== Segment start ==
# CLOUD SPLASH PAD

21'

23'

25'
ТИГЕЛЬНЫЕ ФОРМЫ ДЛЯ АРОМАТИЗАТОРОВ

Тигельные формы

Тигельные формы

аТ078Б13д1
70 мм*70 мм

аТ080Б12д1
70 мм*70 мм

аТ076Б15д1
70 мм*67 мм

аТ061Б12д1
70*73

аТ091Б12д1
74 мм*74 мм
== Segment end ==
== Segment start ==
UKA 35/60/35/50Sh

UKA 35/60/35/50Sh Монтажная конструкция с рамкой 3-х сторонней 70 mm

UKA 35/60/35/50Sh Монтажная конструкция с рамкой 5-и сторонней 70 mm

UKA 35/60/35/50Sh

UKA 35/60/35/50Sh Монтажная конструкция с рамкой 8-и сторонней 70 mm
== Segment end ==
== Segment start ==
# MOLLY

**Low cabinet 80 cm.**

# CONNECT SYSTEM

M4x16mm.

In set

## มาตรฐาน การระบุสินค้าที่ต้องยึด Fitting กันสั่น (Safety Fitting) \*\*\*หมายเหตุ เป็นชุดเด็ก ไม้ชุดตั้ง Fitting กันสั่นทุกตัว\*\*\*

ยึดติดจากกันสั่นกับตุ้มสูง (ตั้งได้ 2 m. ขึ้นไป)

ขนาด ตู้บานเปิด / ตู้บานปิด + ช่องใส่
== Segment end ==
Please give back exactly the lines of the listing above that run from the one containing "# CLOUD SPLASH PAD" through the one containing "74 мм*74 мм", and only those.

# CLOUD SPLASH PAD

21'

23'

25'
ТИГЕЛЬНЫЕ ФОРМЫ ДЛЯ АРОМАТИЗАТОРОВ

Тигельные формы

Тигельные формы

аТ078Б13д1
70 мм*70 мм

аТ080Б12д1
70 мм*70 мм

аТ076Б15д1
70 мм*67 мм

аТ061Б12д1
70*73

аТ091Б12д1
74 мм*74 мм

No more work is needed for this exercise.